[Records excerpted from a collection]

• • •

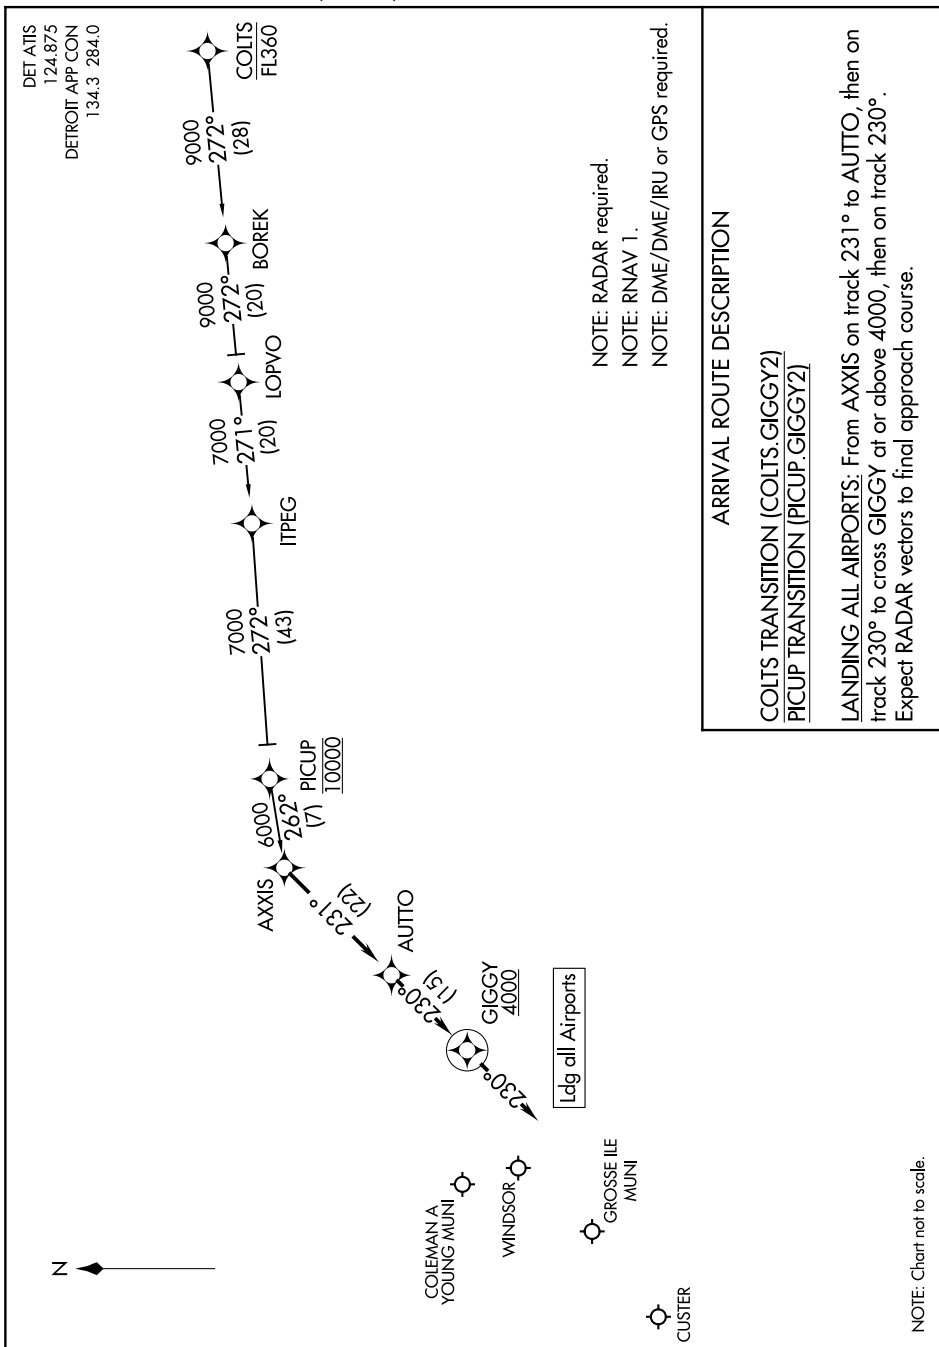

GIGGY TWO ARRIVAL (RNAV)

DETROIT, MICHIGAN

EC-1, 11 JUL 2024 to 08 AUG 2024

GIGGY TWO ARRIVAL (RNAV)

DETROIT, MICHIGAN

EC-1, 11 JUL 2024 to 08 AUG 2024

NOTE: Chart not to scale.
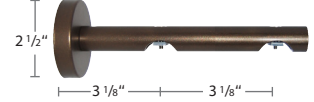

53406-XX
Double Bracket
P: 6 1/4"
Use **53407-XX** with Ripplefold

53407-XX
Extended Double Bracket
P: 7 3/4"
Use with Ripplefold

53412-XX
Inside Mount Bracket

2330FRI-XX
Flat Ring

B899-3-00
Rail Connector
aluminum, 3"
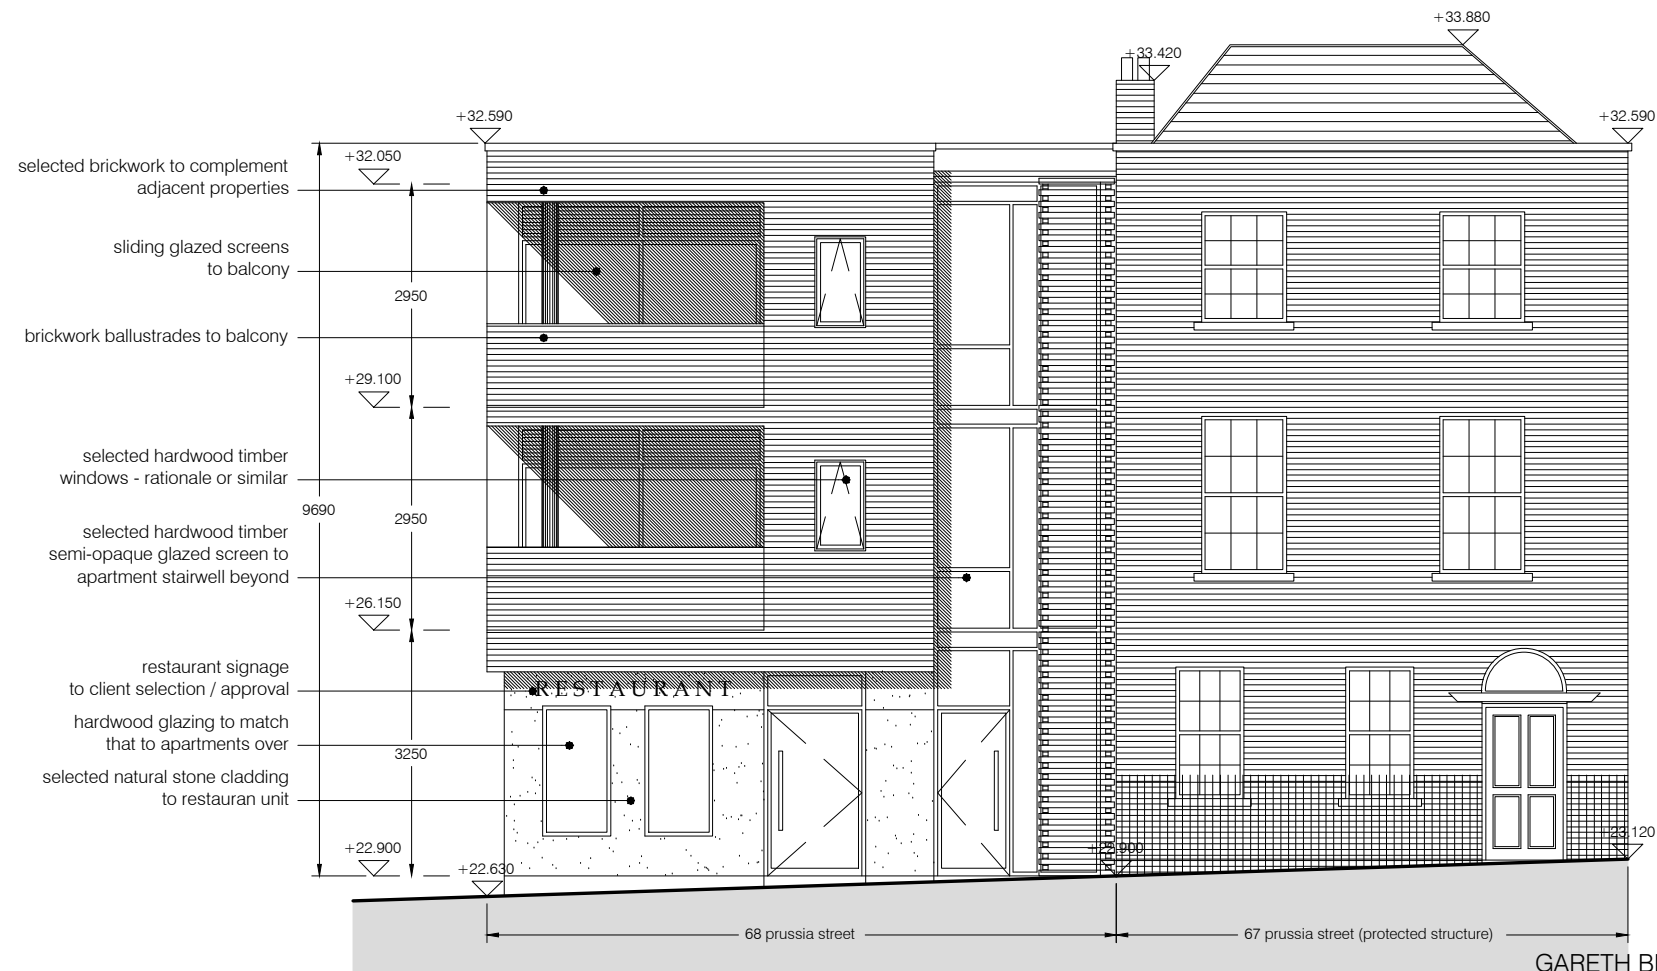

PROPOSED ELEVATION TO ST JOSEPHS ROAD

PROPOSED ELEVATION TO PRUSSIA STREET

ADDITIONAL INFORMATION
DRAWING TO BE USED FOR ADDITIONAL INFORMATION ONLY

GARETH BRENNAN B.Sc. B.Arch. 74 Leinster Avenue, Dublin 3. Tel: 086 8238407 e-mail: gareth_brennan@yahoo.com

PROJECT:	DRAWING NO:	DRAWING TITLE:	SCALE:	DATE:
PROPOSED DEVELOPMENT AT 68 PRUSSIA STREET, DUBLIN 7 FOR JIMMY MCLOUGHLIN.	07.07.A103	PROPOSED ELEVATIONS	1:100	JUNE 2008

• • •

WHAT TO DO »
Could the entries above be copied out exactly, with no pictures included?

RESULT OF THE TASK »
GIGGY TWO ARRIVAL (RNAV)

DETROIT, MICHIGAN

EC-1, 11 JUL 2024 to 08 AUG 2024

GIGGY TWO ARRIVAL (RNAV)

DETROIT, MICHIGAN

EC-1, 11 JUL 2024 to 08 AUG 2024

NOTE: Chart not to scale.

53406-XX
Double Bracket
P: 6 1/4"
Use **53407-XX** with Ripplefold

53407-XX
Extended Double Bracket
P: 7 3/4"
Use with Ripplefold

53412-XX
Inside Mount Bracket

2330FRI-XX
Flat Ring

B899-3-00
Rail Connector
aluminum, 3"

PROPOSED ELEVATION TO ST JOSEPHS ROAD

PROPOSED ELEVATION TO PRUSSIA STREET

ADDITIONAL INFORMATION
DRAWING TO BE USED FOR ADDITIONAL INFORMATION ONLY

GARETH BRENNAN B.Sc. B.Arch. 74 Leinster Avenue, Dublin 3. Tel: 086 8238407 e-mail: gareth_brennan@yahoo.com

PROJECT:	DRAWING NO:	DRAWING TITLE:	SCALE:	DATE:
PROPOSED DEVELOPMENT AT 68 PRUSSIA STREET, DUBLIN 7 FOR JIMMY MCLOUGHLIN.	07.07.A103	PROPOSED ELEVATIONS	1:100	JUNE 2008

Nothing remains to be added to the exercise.